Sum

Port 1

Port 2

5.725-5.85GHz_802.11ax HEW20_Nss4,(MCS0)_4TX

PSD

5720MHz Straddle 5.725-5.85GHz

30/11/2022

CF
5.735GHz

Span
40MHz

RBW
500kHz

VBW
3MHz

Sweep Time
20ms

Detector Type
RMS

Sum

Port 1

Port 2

◆ ◆ ◆ ◆ ◆ ◆ ◆

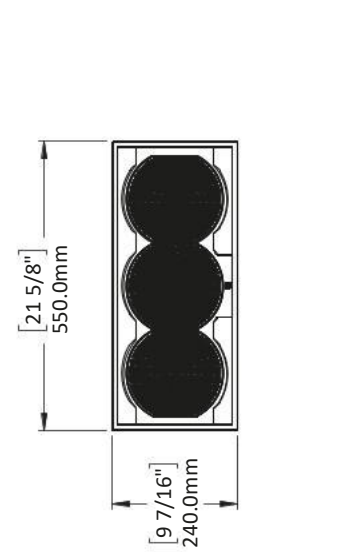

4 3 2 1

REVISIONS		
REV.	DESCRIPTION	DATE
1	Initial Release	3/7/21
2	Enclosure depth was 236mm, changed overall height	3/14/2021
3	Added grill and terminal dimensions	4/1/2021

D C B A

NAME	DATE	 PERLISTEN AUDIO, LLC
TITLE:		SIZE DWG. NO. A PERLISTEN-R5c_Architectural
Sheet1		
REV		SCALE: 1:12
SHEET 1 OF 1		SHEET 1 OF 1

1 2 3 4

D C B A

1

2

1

◆ ◆ ◆ ◆ ◆ ◆ ◆

→ WHAT THE TASK ASKS
Gather all lines from the records above in which "PERLISTEN" appears.

→ SOLUTION
NAME	DATE	 PERLISTEN AUDIO, LLC
TITLE:		SIZE DWG. NO. A PERLISTEN-R5c_Architectural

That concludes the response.